▶ _EXERCISE BRIEF_
Repeat the listing word for word, but skip any pictures.
━━━━━━━━━━━━━━━━━━━━━━━━━━━━━━
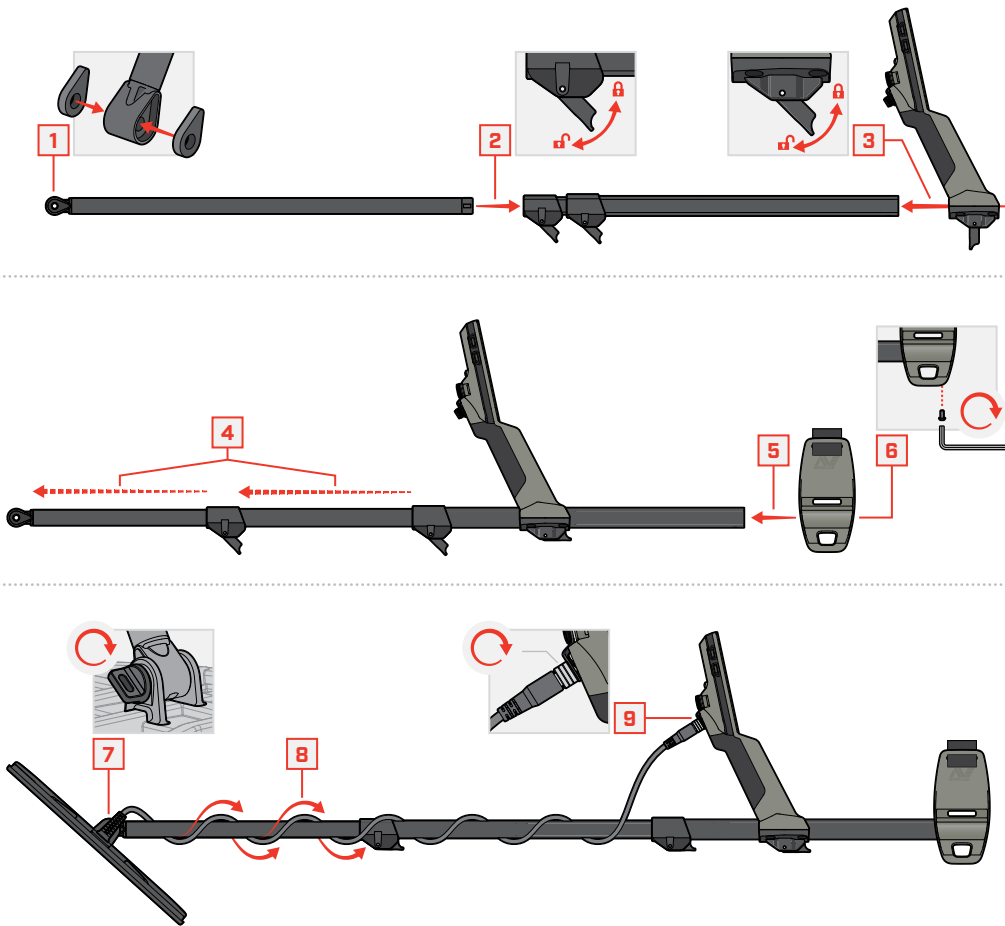

УВІМКНІТЬ ДЕТЕКТОР

1

ШВИДКИЙ ЗАПУСК

Офіційна гарантія
Перевірка по серійному номеру

minelab.com.ua

X-TERRA PRO
ШВИДКИЙ СТАРТ

СБІРКА

ЗАРЯДКА
━━━━━━━━━━━━━━━━━━━━━━━━━━━━━━
▶ _ANSWER FOR THIS EXERCISE_
УВІМКНІТЬ ДЕТЕКТОР

1

ШВИДКИЙ ЗАПУСК

Офіційна гарантія
Перевірка по серійному номеру

minelab.com.ua

X-TERRA PRO
ШВИДКИЙ СТАРТ

СБІРКА

ЗАРЯДКА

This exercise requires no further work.